Wednesday, March 25, 2020

The Woman on the Roof, by Helen Nielsen


97819444520137
Black Gat Books/Stark House Press, 2016
originally published 1954
194 pp

paperback



A couple of months ago the lovely people at Stark House Press sent me an advanced reading copy of a novel
in their Black Gat line of books, Two Names for Death, by EP Fenwick, which comes out mid-April so I'll defer talking about it for the time being (although I will say that it's really, really good and that vintage mystery/crime readers definitely have something to look forward to).  After I'd finished that one, I started looking at the catalogue of other Black Gat Books, especially those written by women and bought this one, The Woman on the Roof by Helen Nielsen, and two other titles as well. 

According to Fantastic Fiction, Helen Nielsen (1918-2002) authored nineteen novels; she also wrote for television, including the old series Alfred Hitchcock PresentsThe Alfred Hitchcock Hour, Perry Mason, and Tales of the Unexpected.  

The titular "woman on the roof" is Wilma Rathjen, whose brother Curtis has set her up in a garage apartment that looks down onto the six-unit apartment complex below.   We discover right away that Wilma has spent time in a sanitarium; she also has a job at a local bakery.   It is actually a muddle with a certain birthday cake ordered by one of the apartment dwellers that not only has her in a bit of a tizzy as the novel opens, but also leads to the discovery of the same woman in a bathtub in one of the apartments that Wilma can see into from her vantage point.  Because her previous trouble that had landed her in the sanitarium had to do with "tall tales" told to the police, and had upset her reputation-fearful, wealthy-businessman brother and made him threaten to send her back if it happened again, she keeps quiet about it, believing that someone else will eventually find the dead Jeri Lynn.   When the body is discovered, the police at first view her death as an accident, until circumstances and a little more digging reveal that her death is actually a case of murder.   Unfortunately for Wilma, she finds herself smack in the middle of it all, and the killer sets out to take advantage of her troubled past while believing that she knows more than she actually does. 



from Goodreads

If you are thinking that perhaps you've read this plot before, you probably haven't.  The author set up this novel so that it moves between two points of view beginning with that of Wilma before moving to  that of the lead detective on the case, John Osgood.  It is cleverly done; we know from the start that Wilma has some issues and that people consider her to be unbalanced.  I have to give serious credit to Nielsen here -- at one point she references a road-company production of The Snake Pit, but she never takes her readers down that road.  What she focuses on instead are Wilma's underlying worries and insecurities about what her brother will think and her fear of being sent back to the sanitarium now that her life is on somewhat of an even keel.  For his part, Osgood (who has his own demons to contend with) has the good sense to realize that
"Even a crazy woman should have a chance to speak for herself. How else could anyone tell the sane from the insane?"
He just knows that somewhere in what others perceive as her chaotic ramblings, she has something important and worthwhile to say and that perhaps she isn't "crazy" at all -- maybe she just has a different way of seeing and expressing things.  It is this slow realization, along with the fact that he must somehow try to impress on others to see things his way  and the slowly-growing trust between Wilma and Osgood  that allows for The Woman on the Roof to become more than just your average crime novel. 

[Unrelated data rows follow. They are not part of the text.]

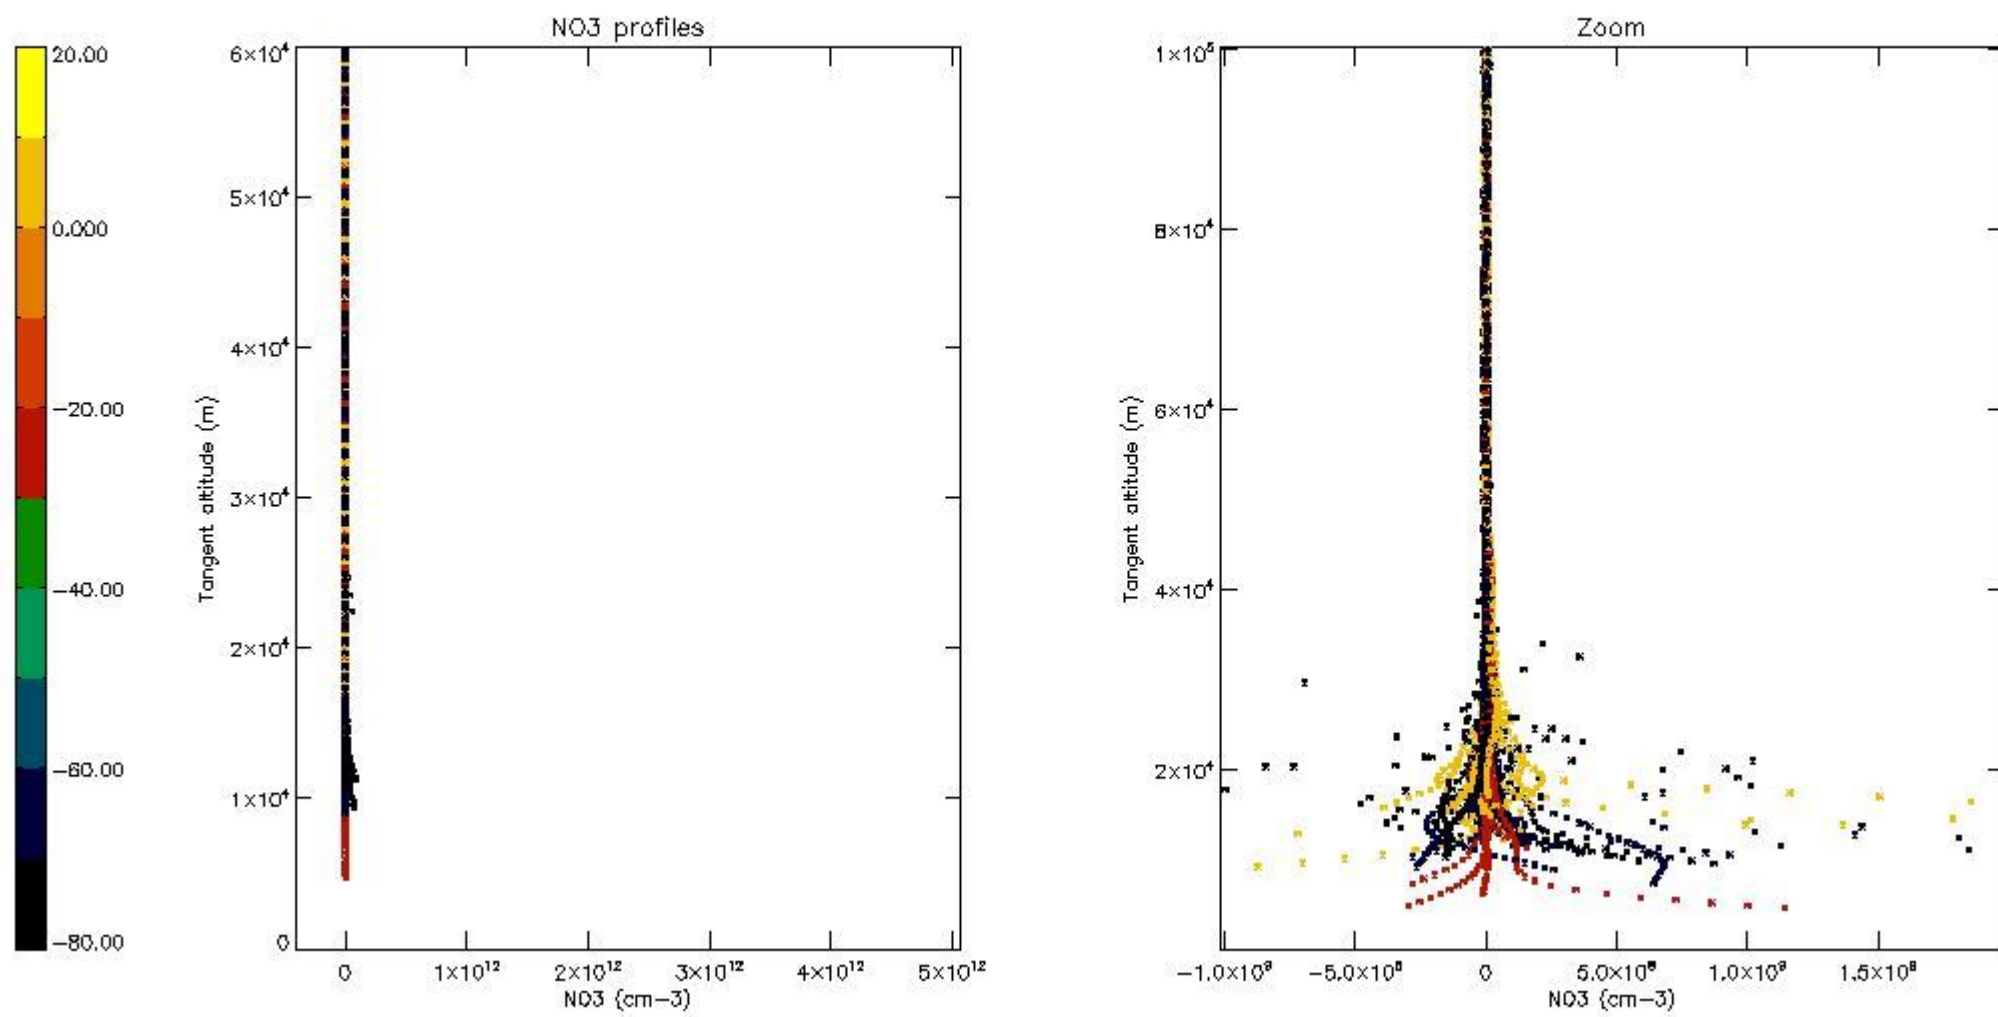

5.4 Plot ozone profiles where STD < 10% (dark without errors)

The colorbar represents the latitude.

5.5 Plot ozone profiles where STD < 5% (dark without errors)

The colorbar represents the latitude.

5.6 Plot NO₂ profiles for all STD (dark without errors)

The colorbar represents the latitude.

5.7 Plot NO3 profiles for all STD (dark without errors)

The colorbar represents the latitude.

5.8 Plot H₂O profiles for all STD (only for occultations of stars 1,2,3,4,13,14,16,26,63 dark without errors)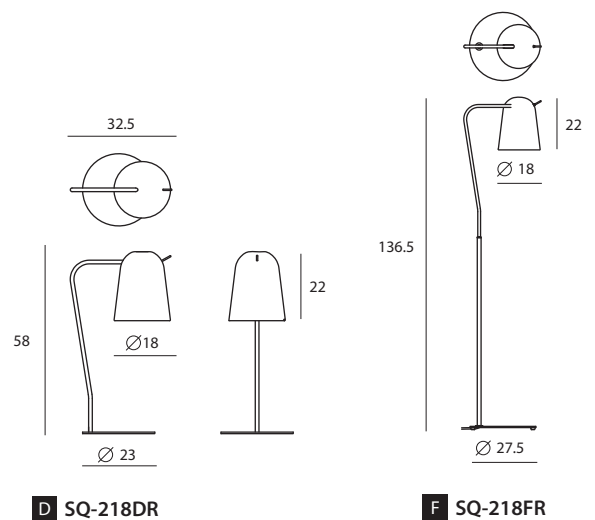

DODO
啾啾鳥

Drawing back fondest memories to a character in the Alice in the Wonderland fairytale, Dodo the birds' appearance is comical yet beautiful. Inspired by his whimsical body shape, Dodo is undoubtedly the best demonstration of natural simplicity. Equipped with dip switch, the Dodo light can light up anyone's courage and adventurous mind. In addition, its adjustable shade provides ample covering and tilts at whatever angle your heart desires. Time to light a bright world of your own! Meet Dodo.

愛麗絲夢遊仙境裡，啾啾鳥俏皮可愛的模樣深植在我們腦海。DODO 具象化其身形，完美演繹極簡美學，象徵鳥喙的水滴開關，點亮住在你我內心的愛麗絲；帶著 DODO，描繪出專屬於您的異想世界，一起歷險吧！可調式燈罩的貼心設計，無論何種角度，別怕，有 DODO 在旁，為您照亮每個黑暗。

單位 Measurement : 公分 cm

型號 Model	類型 Type	光源 Bulb/ Illuminant	材質 Materials	尺寸 Size (LxWxH)cm	顏色 Color	特殊性 Feature
SQ-218DR SQ-218FR	桌燈 Desk 立燈 Floor	E27 1 x Max 46W Halogen	鋼 steel	32.5 x 23 x 58 32 x 27.5 x 136.5	霧黑、亮白、紅銅(桌燈) matt black、shiny white、copper(desk)	可調整燈罩 adjustable lampshade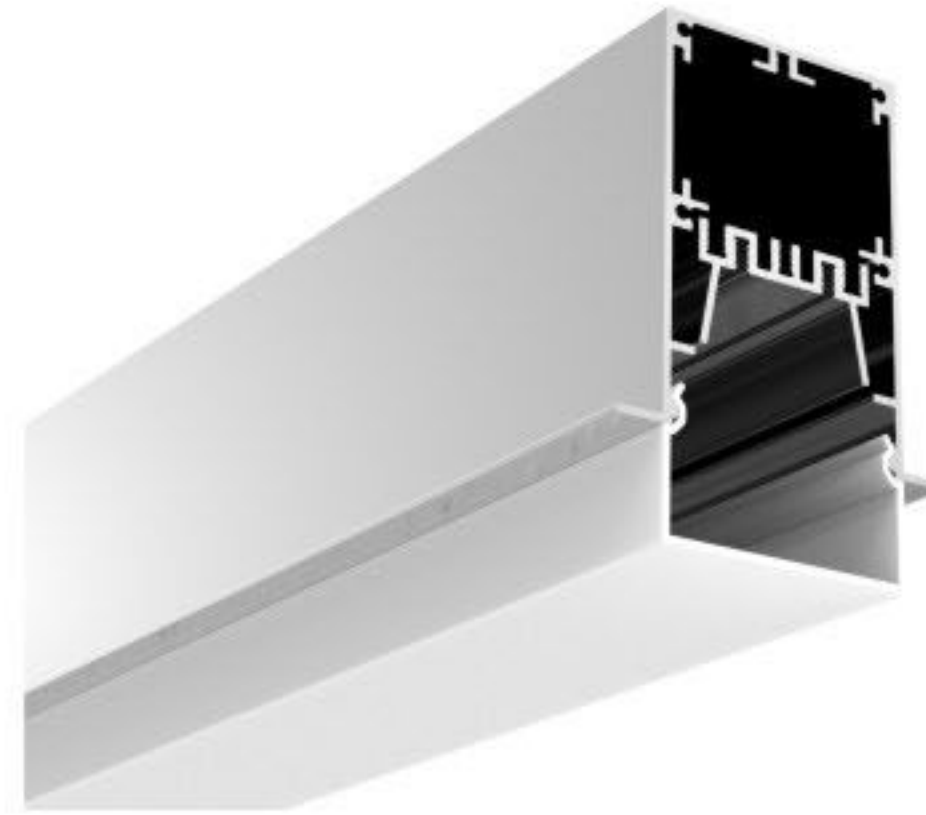

Steel wire

Recessed

BT6875

BT6875-D

PC Frosted cover

Aluminium End Cap without hole

PC Frosted cover

Aluminium end cap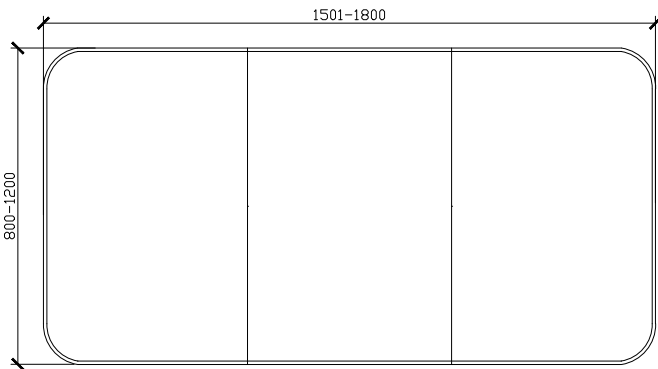

## STANDARD SIZES

600W X 146D X 930H

SIDE VIEW for all sizes

1000W X 146D X 930H

1200W X 146D X 930H

## Cloud Recessed Shaving Cabinet

STANDARD SIZES

1500W X 146D X 930H

1800W X 146D X 930H

## Cloud Recessed Shaving Cabinet

CUSTOM SIZES

601-1000W X 146D X 800-1200H

SIDE VIEW for all sizes

1001-1200W X 146D X 800-1200H

1201-1300W X 146D X 800-1200H

## Cloud Recessed Shaving Cabinet

CUSTOM SIZES

1301-1500W X 146D X 800-1200H

1501-1800W X 146D X 800-1200H

\*PLEASE NOTE: THE BACKING CABINET SIZE VARIES DEPENDING ON THE FINISHED CUSTOM MIRROR SIZE. FOR ACCURATE DIMENSIONS, PLEASE DOUBLE CHECK WITH ZUSTER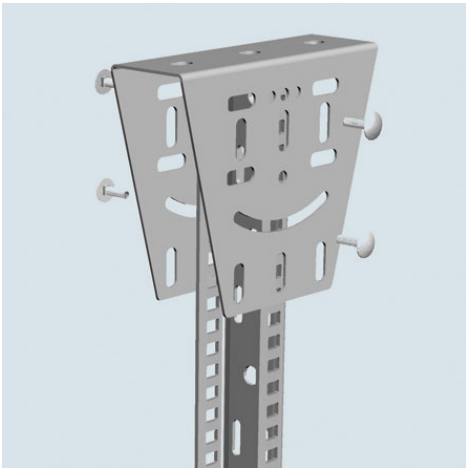

Cablofil
Discontinued EDF ANGLE MOUNTING BRACKET-HOT DIPPED (4D,,4W,,6L) [561063]
Part No. 561063

Cablofil Wiremesh Cable Tray concept based upon performance, safety and economy; three qualities which make Cablofil Wiremesh Cable Tray system preferred by installers. Cablofil adapts to the most complex configurations, and its structure gives maximum strength for minimum weight. The ease of creating fittings, carried out on site, as well as the wide range of unique and universal accessories gives complete freedom in routing combined with exceptionally fast installation.

Features & Benefits

Use DF to attach EDF Rail to any floor. Attach EDF Rail to DF with EZBN 5/16 (sold separately). Use DF to attach EDF to a ceiling or deck that is on an angle for a perfect pendant hanger.

Specifications

General Info

Product Line	Cablofil	Finish	Hot Dipped Galvanized
UPC Number	800388013445	Country Of Origin	France
Type	Mountings		

Dimensions

Product Width US	2.165 in	Product Weight US	1.3 lb
Product Volume US	0.052 cu ft	Product Depth US	7.008 in
Product Height US	5.906 in

 The list of suspects in this novel is a lengthy one, motives abound, and I never guessed the who.  But my reading focus is always on the people in crime novels, so for me it is a win-win, and a vintage mystery I can highly recommend.  The fact that Helen Nielsen was heretofore unknown to me but  is now on my reading radar is also a plus, and my many and sincere thanks to Stark House for putting her there. 

I'll be back in a couple of weeks with the previously-mentioned Two Names for Death that like this one spotlights another woman crime writer I've never heard of, and after that another, and then the two I recently bought ...  my Stark House reading future looks more than promising.